Recorded data
+---+

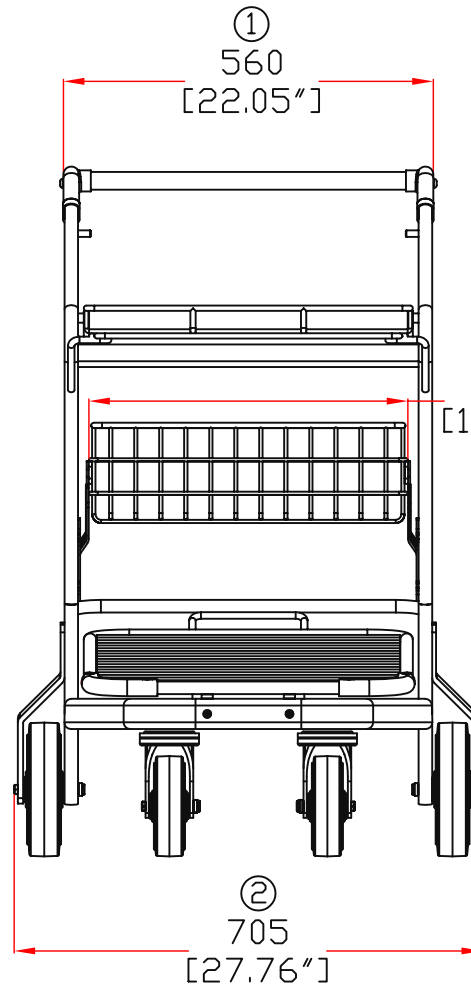

EZtote #101-770-B

1	560[22.05"]
2	705[27.76"]
3	898[35.35"]
4	1048[41.26"]

EZtote #101-770-B

1	560[22.05"]
2	705[27.76"]
3	898[35.35"]
4	1048[41.26"]
5	485[19.05"]
6	694[27.32"]
7	226[8.90"]
8	152[6.00"]
9	152[6.00"]
10	390[15.35"]

EZtote #101-770-B

+---+

-- WORK ORDER --
Reproduce each entry precisely, dropping only the pictures.

-- TASK RESULT --
EZtote #101-770-B

1	560[22.05"]
2	705[27.76"]
3	898[35.35"]
4	1048[41.26"]

EZtote #101-770-B

1	560[22.05"]
2	705[27.76"]
3	898[35.35"]
4	1048[41.26"]
5	485[19.05"]
6	694[27.32"]
7	226[8.90"]
8	152[6.00"]
9	152[6.00"]
10	390[15.35"]

EZtote #101-770-B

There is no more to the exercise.